В Советском Союзе отнесение образования к непроизводственной сфере в значительной степени компенсировалось за счет использования образования как неотъемлемого компонента идеологии. Отсюда ценность, приоритет и социальный престиж системы образования в значительной степени были производны от идеологии, которая через просвещение задавала социальные эталоны и нормы воспитания, формирования личности. Оставшись без охранной функции идеологии, система образования в полном объеме
испытывает ограничения, проистекающие из-за отнесения ее к непроизводственной сфере.
В инфраструктуре индустриального общества система образования выступает как отдельная отрасль, ограждаемая ведомственными барьерами от многих других отраслей, в том числе науки, культуры, здравоохранения, и не является даже в непроизводственной сфере «первой среди равных». Думаю, что не стоит подбирать аргументы, свидетельствующие о том, что оплата труда в нашей сфере системно ниже, чем в сфере промышленности и экономики. Негативная динамика социального престижа педагогических профессий, фиксируемая многочисленными социологическими опросами, также во многом производна от отнесения образования к непроизводственной сфере.
Жесткая прописка образования как одной из отраслей непроизводственной сферы, да к тому же, как отрасли с отсроченным во времени и невидимым материальным результатом, становится одной из причин доминирования прагматичной утилитарной установки на ограничение бюджетных расходов в сфере образования. Представители же сферы образования, постоянно борясь за образование, воспринимают эту деструктивную и, как правило, явно не декларируемую установку как данность, а любые реформы и концепции модернизации образования, производимые внутри сферы образования, сводятся к адаптации сферы образования к росту бюджетных ограничений и изменениям налоговой политики.
(Б) Риск сведения образования к «сфере услуг» - в пренебрежении социальными эффектами образования. Существенным ограничением на пути разработки различных сценариев развития образования последних лет является сведение образования к сфере услуг.
Эта сфера, безусловно, расширяется и начинает выполнять все более важные функции в условиях перехода к рыночной экономике и постиндустриальному обществу.

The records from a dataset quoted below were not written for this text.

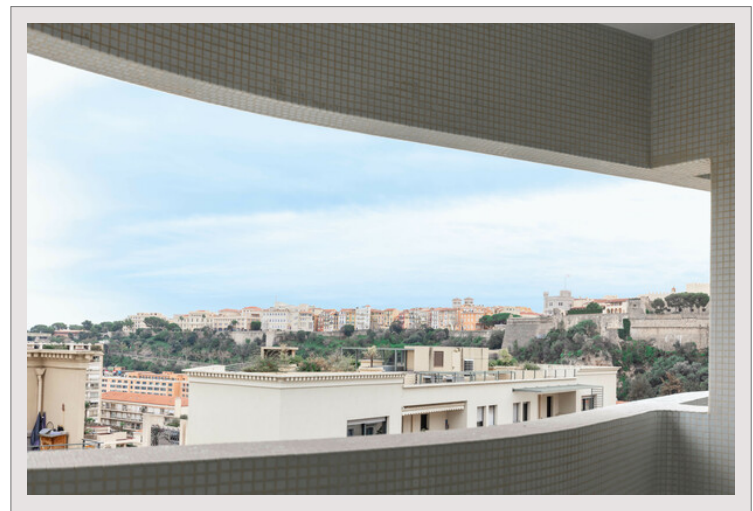

MAGNIFIQUE 2 PIECES EN DUPLEX

Vente Monaco

Prix sur demande

Au coeur de Monaco, à seulement quelques mètres du port de Monaco et à seulement 5 minutes de la place du Casino.

Type de produit	Appartement	Nb. pièces	2
Superficie totale	90 m²	Nb. chambres	1
Superficie hab.	78 m²	Nb. parking	1
Superficie terrasse	12 m²	Immeuble	Le Stella
Vue	Palais	Quartier	Condamine
Exposition	Sud	Etat	Très bon état
Etage	Elevé	Date de libération	Immédiatement

Dans une résidence de standing avec concierge, cet appartement de 2 pièces en duplex au 7ème et 8ème étage avec vue sur le palais de Monaco se compose : d'une entrée, une cuisine américaine équipée, un séjour, un WC et une loggia. À l'étage, un grand dressing, une chambre à coucher avec un balcon et une salle de bains.

L'appartement est vendu avec un emplacement de parking dans l'immeuble.
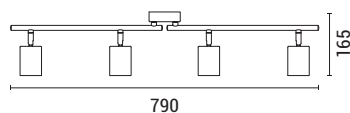

145-25220
OLYMP
6202 0011 70

Black
Metal
1xGU10
Max 7W
220-240V
L: 135mm
W: 80mm
H: 95mm

GU10 IP20

145-25229
OLYMP
6202 0045 90

White-Chrome
Metal
4xGU10
Max 7W
220-240V
L: 790mm
W: 80mm
H: 165mm

GU10

IP20

145-25227
OLYMP
6202 0023 50
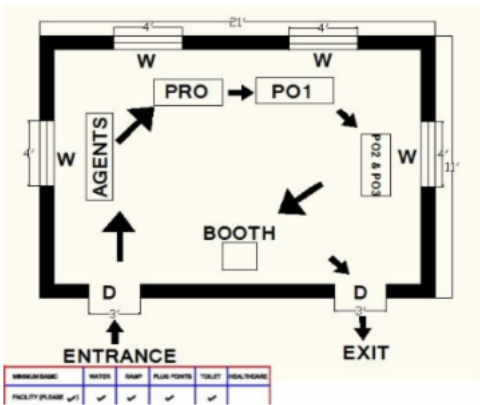

নির্বাচক নিবন্ধন আধিকারিকের স্বাক্ষর

Nazri Naksha

Google Map View

Polling Station Building Front View

Polling Station Front View

Cad View

Key MAP View

1 নাম : প্রতিমা কর্মকার স্বামীর নাম: জয়দেব কর্মকার বাড়ির নং : n0117 বয়স : 63 লিঙ্গ : মহিলা ফটো উপলব্ধ	WB/40/278/510394	2 নাম : পৌতম কর্মকার পিতার নাম: জয়দেব কর্মকার বাড়ির নং : n0117 বয়স : 40 লিঙ্গ : পুরুষ ফটো উপলব্ধ	JQK2387108	3 নাম : আশালতা কর্মকার স্বামীর নাম: পৌতম কর্মকার বাড়ির নং : n0117 বয়স : 35 লিঙ্গ : মহিলা ফটো উপলব্ধ	YWL1475508
4 নাম : সৌভিক কর্মকার পিতার নাম: বিশ্বনাথ কর্মকার বাড়ির নং : n0158 বয়স : 26 লিঙ্গ : পুরুষ ফটো উপলব্ধ	YWL1994185	5 নাম : জয়দেব কর্মকার পিতার নাম: শিবশান্ত কর্মকার বাড়ির নং : n0117 বয়স : 67 লিঙ্গ : পুরুষ ফটো উপলব্ধ	WB/40/278/510421	6 নাম : চিত্রা কর্মকার পিতার নাম: বিশ্বনাথ কর্মকার বাড়ির নং : এন0158 বয়স : 23 লিঙ্গ : মহিলা ফটো উপলব্ধ	YWL2345775
7 নাম : বৈশাখী কর্মকার পিতার নাম: অরুণ কর্মকার বাড়ির নং : এন0159 বয়স : 23 লিঙ্গ : মহিলা ফটো উপলব্ধ	YWL2345759	8 নাম : হিমাদ্রী কর্মকার পিতার নাম: হৃদয় চাঁদ কর্মকার বাড়ির নং : এন0111 বয়স : 22 লিঙ্গ : মহিলা ফটো উপলব্ধ	YWL2456234	9 নাম : হিমাংশু কর্মকার পিতার নাম: হৃদয় চাঁদ কর্মকার বাড়ির নং : n0111 বয়স : 27 লিঙ্গ : পুরুষ ফটো উপলব্ধ	YWL1912252
10 নাম : হৃদয় চাঁদ কর্মকার পিতার নাম: নিরঞ্জন কর্মকার বাড়ির নং : n0111 বয়স : 57 লিঙ্গ : পুরুষ ফটো উপলব্ধ	WB/40/278/510221	11 নাম : বানী কর্মকার স্বামীর নাম: হৃদয়চাঁদ কর্মকার বাড়ির নং : n0111 বয়স : 59 লিঙ্গ : মহিলা ফটো উপলব্ধ	JQK2077840	12 নাম : বাবুলাল কিস্কু পিতার নাম: চুনিরাম কিস্কু বাড়ির নং : n0183 বয়স : 35 লিঙ্গ : পুরুষ ফটো উপলব্ধ	YWL1912138
13 নাম : সুমিত্রা কিস্কু স্বামীর নাম: বাবুলাল কিস্কু বাড়ির নং : n0183 বয়স : 34 লিঙ্গ : মহিলা ফটো উপলব্ধ	YWL1832286	14 নাম : সুনন্দা পাল পিতার নাম: উত্তম রায় বাড়ির নং : N0046 বয়স : 28 লিঙ্গ : মহিলা ফটো উপলব্ধ	TCK1835768	15 নাম : জয়ন্ত কুমার পাল পিতার নাম: প্রবোধ চন্দ্র পাল বাড়ির নং : n0046 বয়স : 68 লিঙ্গ : পুরুষ ফটো উপলব্ধ	WB/40/278/510028
16 নাম : বলয় শুভ্র পাল পিতার নাম: জয়ন্ত কুমার পাল বাড়ির নং : n0046 বয়স : 41 লিঙ্গ : পুরুষ ফটো উপলব্ধ	JQK2122950	17 নাম : পাপিয়া পাল(মন্ডল) স্বামীর নাম: শঙ্খ শুভ্র পাল বাড়ির নং : n0046 বয়স : 35 লিঙ্গ : মহিলা ফটো উপলব্ধ	YWL1266113	18 নাম : শিখা পাল স্বামীর নাম: জয়ন্ত পাল বাড়ির নং : n0046 বয়স : 60 লিঙ্গ : মহিলা ফটো উপলব্ধ	WB/40/278/510087
19 নাম : তপন কোনার পিতার নাম: দীনেশ কোনার বাড়ির নং : এন0046 বয়স : 73 লিঙ্গ : পুরুষ ফটো উপলব্ধ	YWL2049096	20 নাম : কল্যাণী কোনার স্বামীর নাম: তপন কোনার বাড়ির নং : এন0046 বয়স : 62 লিঙ্গ : মহিলা ফটো উপলব্ধ	MQC1482314	21 নাম : শঙ্খ শুভ্র পাল পিতার নাম: জয়ন্ত কুমার পাল বাড়ির নং : n0046 বয়স : 41 লিঙ্গ : পুরুষ ফটো উপলব্ধ	JQK2122943
22 নাম : পিঙ্কু কোঁয়ার স্বামীর নাম: মুনায় কোঁয়ার বাড়ির নং : n0101 বয়স : 32 লিঙ্গ : মহিলা ফটো উপলব্ধ	YWL1475391	23 নাম : প্রভাত কোঁয়ার পিতার নাম: শক্তিপদ কোঁয়ার বাড়ির নং : n0041 বয়স : 64 লিঙ্গ : পুরুষ ফটো উপলব্ধ	WB/40/278/510361	24 নাম : বুলবুল কোঁয়ার স্বামীর নাম: শরদিন্দু কোঁয়ার বাড়ির নং : n0101 বয়স : 44 লিঙ্গ : মহিলা ফটো উপলব্ধ	JQK1587260
25 নাম : অভয়া কোঁয়ার স্বামীর নাম: প্রভাত কুমার কোঁয়ার বাড়ির নং : n0041 বয়স : 60 লিঙ্গ : মহিলা ফটো উপলব্ধ	WB/40/278/510257	26 নাম : অরুণ কোঁয়ার পিতার নাম: গৌর কোঁয়ার বাড়ির নং : n0039 বয়স : 57 লিঙ্গ : পুরুষ ফটো উপলব্ধ	WB/40/278/510345	27 নাম : সোনালী কোঁয়ার স্বামীর নাম: তনয় কোঁয়ার বাড়ির নং : এন0041 বয়স : 25 লিঙ্গ : মহিলা ফটো উপলব্ধ	YWL2049138
28 নাম : রাজকুমার কোনার পিতার নাম: অরোজ কোনার বাড়ির নং : এন0036 বয়স : 25 লিঙ্গ : পুরুষ ফটো উপলব্ধ	YWL2049054	29 নাম : রুকি কোঁয়ার পিতার নাম: সুবোধ কোঁয়ার বাড়ির নং : এন0043 বয়স : 25 লিঙ্গ : পুরুষ ফটো উপলব্ধ	YWL2049062	30 নাম : সুবোধ কোঁয়ার পিতার নাম: কৃষ্ণপদ কোঁয়ার বাড়ির নং : এন0043 বয়স : 48 লিঙ্গ : পুরুষ ফটো উপলব্ধ	WB/40/278/510456

Вместе с тем при редукции образования к сфере услуг упу-
скаются из виду социальные эффекты, производимые образованием в обществе: эффект социальной консолидации общества; эффект формирования культурной идентичности граждан России; эффект снижения рисков социально-психологической напряженности между различными этническими и религиозными группами населения; эффект «социального лифта» и достижения социального равенства групп и отдельных личностей с разными стартовыми возможностями.
Названные выше социальные эффекты образования помогают более ясно увидеть национальные приоритеты образования.
Так, достижение эффекта консолидации различных социальных групп и отдельных личностей в ситуации роста социального и культурного разнообразия общества способствует снижению социальной напряженности, уменьшению вероятности возникновения политических, экономических, этнических и религиозных конфликтов.
Игнорирование того, что именно образование в первую очередь обеспечивает формирование культурной идентичности граждан России, на наших глазах приводит к риску политического сепаратизма внутри Российского государства, межрегиональным конфликтам, нарастанию оппозиции между федеральным центром и регионами, а тем самым - к потенциальному распаду России на многочисленные суверенные «княжества».
Недоучет функции образования как «социального лифта», обеспечивающего социальную, профессиональную и академическую мобильности личности, приводит к росту сегрегации населения, социального и социально-психологического неравенства между людьми.
Без понимания системного характера всех обозначенных выше социальных эффектов и приоритетов образования мы останемся глухи по отношению к пониманию того, что именно проектирование образования как института успешной личностной и профессиональной социализации
обеспечивает рост социально-экономических ресурсов государства и приводит через накопление человеческого капитала к росту государственного капитала. Хочу особо подчеркнуть, что акцентирование социальных эффектов образования позволяет рассматривать экономику образования как экономику, обеспечивающую социальное согласие в обществе и конструирование среднего класса.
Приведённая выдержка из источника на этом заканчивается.